[What needs to be done] Determine how many lines of the records include "shower", and answer with the number alone.

========================================================================

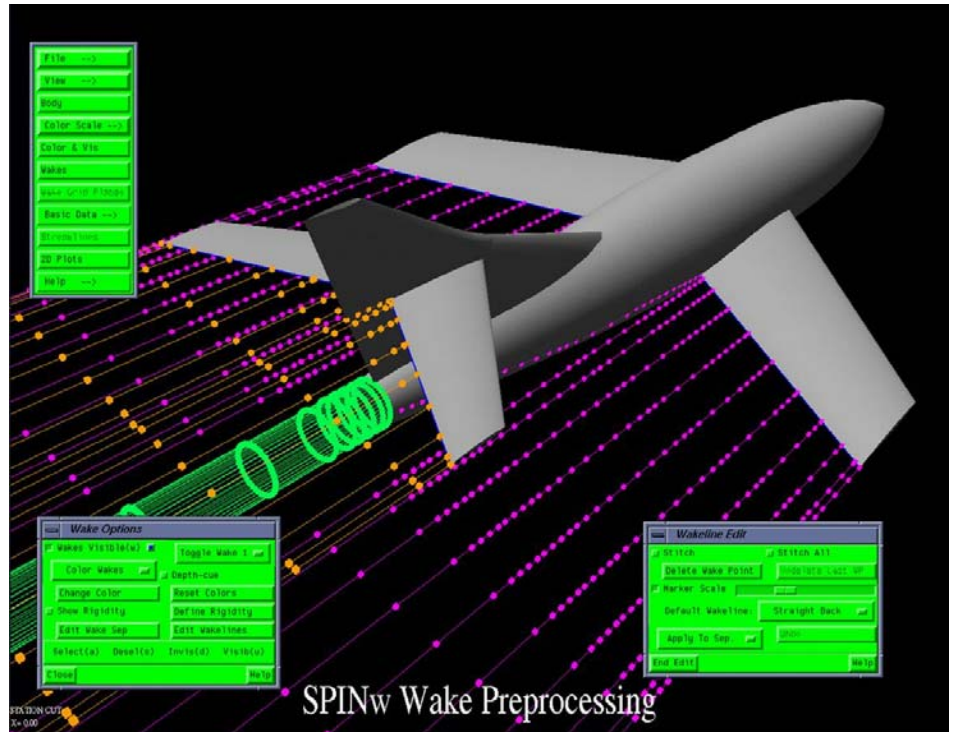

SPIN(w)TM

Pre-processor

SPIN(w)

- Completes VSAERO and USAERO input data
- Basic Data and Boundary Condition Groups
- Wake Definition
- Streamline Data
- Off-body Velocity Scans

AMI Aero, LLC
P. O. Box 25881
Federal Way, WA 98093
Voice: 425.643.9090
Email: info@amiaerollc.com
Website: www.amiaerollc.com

========================================================================

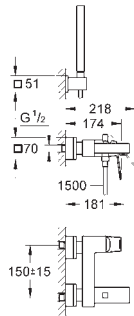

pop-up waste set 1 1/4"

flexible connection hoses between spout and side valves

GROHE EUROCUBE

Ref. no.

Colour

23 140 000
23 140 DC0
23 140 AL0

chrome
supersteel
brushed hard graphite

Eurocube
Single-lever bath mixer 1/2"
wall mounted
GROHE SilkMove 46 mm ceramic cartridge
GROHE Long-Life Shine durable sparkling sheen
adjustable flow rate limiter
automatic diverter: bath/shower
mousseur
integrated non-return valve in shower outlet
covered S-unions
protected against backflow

========================================================================

[Solution] 2